MaterialDriven is pleased to be working with Goodfellow towards Materiality– an exciting exhibition, slated for March 2021, at the Oxo Tower in London’s Southbank. With a clear focus on materials, the protagonists of this exhibition will be the art collective Transition–a talented and diverse group of graduates from the University of Creative Arts, who work with materials ranging from textiles, to glass, to metal and ceramics. Since 2019, MaterialDriven has been pleased to nurture and facilitate a relationship between Transition and leading technical materials company Goodfellow, who have been supporting the collective in their exploration of new materials and design processes, and who will be sponsoring this exhibition.
In the months preceding the exhibition, MaterialDriven will share unique insights into each artist from the Transition collective–their process, material media, and influences– giving readers a glimpse of the beautiful exhibition to come. This time, our spotlight falls on Nicky Lawrence, a jewelry designer who works with glass and metal.

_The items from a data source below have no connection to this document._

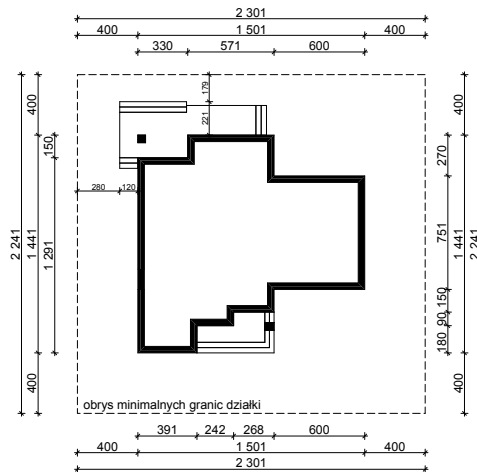

WERSJA PODSTAWOWA

WERSJA LUSTRZANA

OBRYS PARTERU BUDYNKU TYP **E-198**

Skala 1:500

Autor Projektu:

E-DOMY.PL Sp. z o.o. Sp. K.

ul. Powsińska 75 lok.82, 02-903 Warszawa

UWAGA:

W celu zachowania skali, rysunek należy drukować bez funkcji dopasowania, na arkuszu w formacie A4
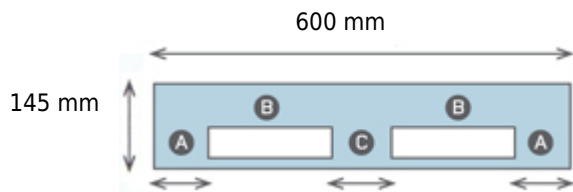

OIPLASTIC

**6080M03-00015010 (600x800x145 mm)**

View **Frontal**

- A 26 mm
- B 188 mm
- C 172 mm

View **Lateral**

- E 110 mm
- F 240 mm
- G 100 mm
- H 100 mm

3,7 Kg

800 Kg

400 Kg

HDPE

-20/60°C

73 mm

0 mm

2x33

2178

Black
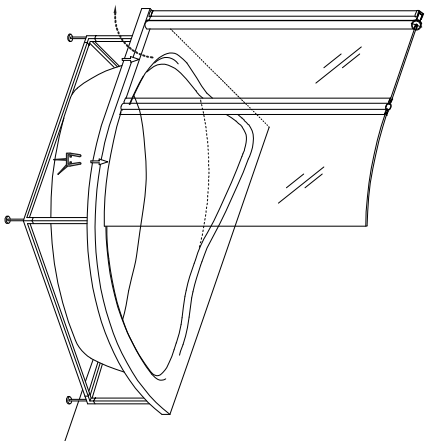

TP 104	103-104	1400
--------	---------	------

Kolpa^{by HANNA} CE
EN 14428

SLO NAVODILO ZA SESTAVO
HR UPUTSTVO ZA MONTAŽU
GB MOUNTING INSTRUCTIONS

TP 104 UNI SOLE

LULU
CALANDO

- 1 -

2 kom 3,9 x 32

- 2 -

Ø 3 mm

2 kom 3,5 x 9,5

A

24 h
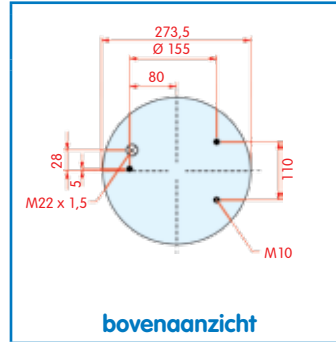

Luchtbalg compleet (Complete Assembly)

**DAF**

WH **33.292**

OE 1153934

VC  
CT 836 N P06  
FS  
PH  
GY  
DL  
CF

**zijaanzicht**

**bovenaanzicht**

**onderaanzicht**
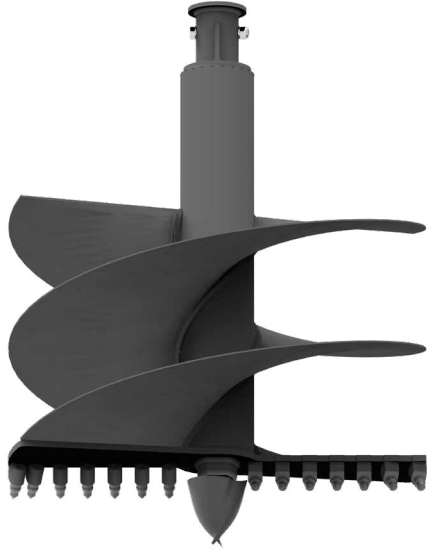

# ROCK BIT EXTRA

## PUNTA DE ROCA EXTRA

| CHIAVE       | 50                     | 50                     | 70                | 70                |
|--------------|------------------------|------------------------|-------------------|-------------------|
| MODEL VORTEX | V1 - V2 - V3 - V4 - V5 | V1 - V2 - V3 - V4 - V5 | V6 - V7 - V8 - V9 | V6 - V7 - V8 - V9 |
| A (mm)       | 1000                   | 1000                   | 1000              | 1000              |
| B (mm)       | 800                    | 1000                   | 800               | 1000              |
| C (mm)       | 600                    | 600                    | 600               | 600               |
| Kg           | 142                    | 144                    | 188               | 191               |

In a few glances, it is easy to sense that Nicky Lawrence’s work is vibrant, organic, and in the case of her Coralscape series, almost ‘alive’. The designer creates colorful wearable pieces, cast in a unique combination of blown glass, and colored glass fused with three dimensional, perforated metal forms. The inspiration for her vivid, creature-like forms comes from coral reefs, and her first hand awareness of the devastation that reefs are experiencing around the world.
Inspired by the shapes and structures of coral reefs, and the ocean life encapsulated within them, her Coralscape series consists of pairings–translucent, white, blown-glass ‘ghost reefs’, and perched upon them (when not being worn), pieces of jewelry made from flowing colored glass and metal, in shapes that are inspired by reef creatures known as Nudibranchs. Nudibranchs, or seaslugs, are a widespread group of marine Gastropod molluscs. The shell-less tiny creatures are famous for their brilliant colours.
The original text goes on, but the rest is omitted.